R code is executed; outputs below are real. Click the Python tab for the equivalent script.

The previous demo was the gentle case: thirty predictors, the truth was easy to recover. This one moves to the regime that motivated COMBSS in the first place — $p$ much larger than $n$, with correlated predictors and a logistic response. Best-subset enumeration is out of the question; even MIO becomes painful here.

The setup

We follow the simulation design used in the paper (Mathur, Liquet, Muller, Moka 2026):

$n = 200$ observations, split 150 training + 50 validation
$p = 1000$ predictors
Design matrix $X$: rows i.i.d. multivariate normal with AR(1) covariance $\Sigma_{ij} = 0.5^{|i - j|}$ (so neighbouring predictors are strongly correlated)
True coefficient vector $\beta$: first ten entries equal to $1$, the rest zero
Binary response: $y_i \mid x_i \sim \mathrm{Bernoulli}(\sigma(x_i^\top \beta))$ where $\sigma$ is the logistic sigmoid

The true support is $\{1, 2, \ldots, 10\}$. Our task: recover it from 1000 candidates.

Generate the data

set.seed(2026)

n <- 200; p <- 1000; k0 <- 10
rho <- 0.5

ar1_sqrt <- function(p, rho) {
  Sigma <- rho ^ abs(outer(1:p, 1:p, "-"))
  ev <- eigen(Sigma, symmetric = TRUE)
  ev$vectors %*% diag(sqrt(pmax(ev$values, 0))) %*% t(ev$vectors)
}
L <- ar1_sqrt(p, rho)

z <- matrix(rnorm(n * p), n, p)
x <- z %*% L
beta <- c(rep(1, k0), rep(0, p - k0))
eta <- as.numeric(x %*% beta)
y <- rbinom(n, 1, plogis(eta))

itr <- 1:150; iva <- 151:200
c(n_train = length(itr), n_val = length(iva), p = p, k0 = k0)
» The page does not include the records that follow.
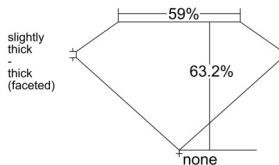

GIA®

FACSIMILE

GIA REPORT 2538920651

Verify this report at GIA.edu

GIA NATURAL DIAMOND DOSSIER®

November 13, 2025
GIA Report Number 2538920651
Shape and Cutting Style ..... Heart Brilliant
Measurements ..... 5.66 x 6.63 x 4.20 mm

GRADING RESULTS

Carat Weight ..... 0.91 carat
Color Grade I
Clarity Grade VVS1

ADDITIONAL GRADING INFORMATION

Polish ..... Very Good
Symmetry ..... Excellent
Fluorescence ..... None
Clarity Characteristics ..... Feather
Inscription(s): GIA 2538920651

PROPORTIONS

Profile not to actual proportions

GRADING SCALES

GIA COLOR SCALE		GIA CLARITY SCALE			
COLORLESS	D	VERY VERY SLIGHTLY INCLUDED	FLAWLESS		
	E		INTERNALLY FLAWLESS		
	F	VERY SLIGHTLY INCLUDED	VVS₁		
	G		VVS₂		
	H		VS₁		
	NEAR COLORLESS	I	SLIGHTLY INCLUDED	VS₂	
		J		SI₁	
		FAINT	K	INCLUDED	SI₂
			L		I₁
			M		I₂
VERT LIGHT	N	LIGHT	I₃		
	O				
	P				
	Q				
	R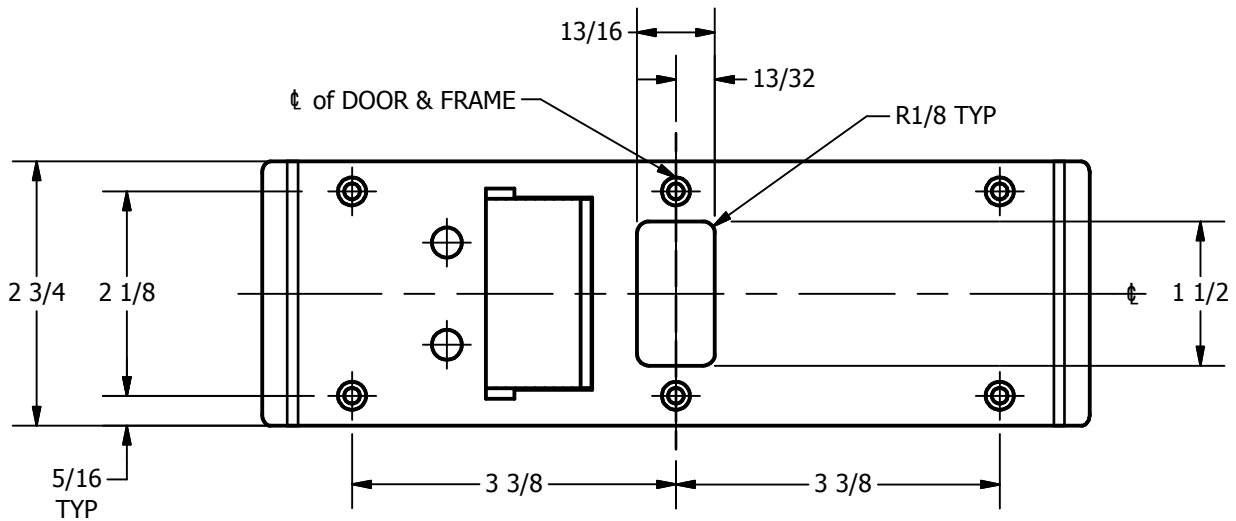

SP-CR943 CUSTOM 4590 TYPE DOUBLE LIPPED STRIKE AND RESCUE STOP

FOR 1-3/4" THICK CENTER HUNG DOOR, MORTISE LOCK, NO DEAD BOLT, 7-7/8" FRAME

**ABH DOOR STOP COVER DIMENSIONS
MAY NOT MATCH OTHER MANUFACTURERS**

REINFORCEMENT:

WHEN INSTALLING IN METAL FRAME, REINFORCEMENT IS **NEEDED** WITH THIS PRODUCT, CUSTOMER OR FRAME MANUFACTURER TO SUPPLY FRAME REINFORCEMENT WITH LATCH BOLT CLEARANCE

2-5/16
MIN. CLEARANCE
FOR DOOR STOP COVER
CENTERED

(2) REINFORCEMENT PLATES
SUPPLIED BY DOOR FRAME
MANUFACTURER

ORDER #: _____
 ORDER DATE: _____
 CUSTOMER: _____
 CUSTOMER PO#: _____
 MATERIAL: _____
 QUANTITY: _____

**CUT-OUT FOR
METAL JAMB**

NOTE:

1. HORIZONTAL CENTERLINE OF PLATE TO MATCH HORIZONTAL CENTERLINE OF CUTOUT.
2. SCREWS 8-32 X 3/8" UNDERCUT F.H.M.S.
3. R.H. DOOR SHOWN, L.H. OPPOSITE

n_train   n_val       p      k0 
    150      50    1000      10

import numpy as np
rng = np.random.default_rng(2026)
n, p, k0, rho = 200, 1000, 10, 0.5
Sigma = rho ** np.abs(np.subtract.outer(np.arange(p), np.arange(p)))
L = np.linalg.cholesky(Sigma + 1e-8 * np.eye(p))
X = rng.standard_normal((n, p)) @ L.T
beta = np.r_[np.ones(k0), np.zeros(p - k0)]
eta = X @ beta
y = rng.binomial(1, 1 / (1 + np.exp(-eta)))
itr, iva = slice(0, 150), slice(150, 200)

Run COMBSS

library(combss)
fit_hd <- combss(x[itr, ], y[itr],
                 x_val = x[iva, ], y_val = y[iva],
                 family = "binomial", q = 15)
fit_hd

COMBSS fit
  family:    binomial
  n, p:      150, 1000
  q:         15
  lam_ridge: 0
  best k:    10
  accuracy:  0.92
  subset:    1, 2, 3, 4, 5, 6, 7, 8, 9, 590

from combss import logistic
fit_hd = logistic.model()
fit_hd.fit(X[itr], y[itr], X_val=X[iva], y_val=y[iva], q=15, verbose=False)
print(fit_hd.subset)

What did COMBSS pick at the true model size?

fit_hd$subset_list[[10]]

 [1]   1   2   3   4   5   6   7   8   9 590

print(fit_hd.subset_list[9])

The recovered support contains the first ten predictors (the true active set) selected out of 1000 candidates.

Selection profile

The number of true positives — how many of the recovered indices are actually in $\{1, \ldots, 10\}$ — as a function of $k$:

tp_path <- sapply(fit_hd$subset_list, function(s) length(intersect(s, 1:k0)))
plot(seq_along(tp_path), tp_path, type = "b", pch = 19,
     xlab = "k", ylab = "True positives (out of 10)",
     ylim = c(0, k0 + 1))
abline(h = k0, lty = 2, col = "grey")

True positives vs. model size. The curve saturates at 10 (the true support size).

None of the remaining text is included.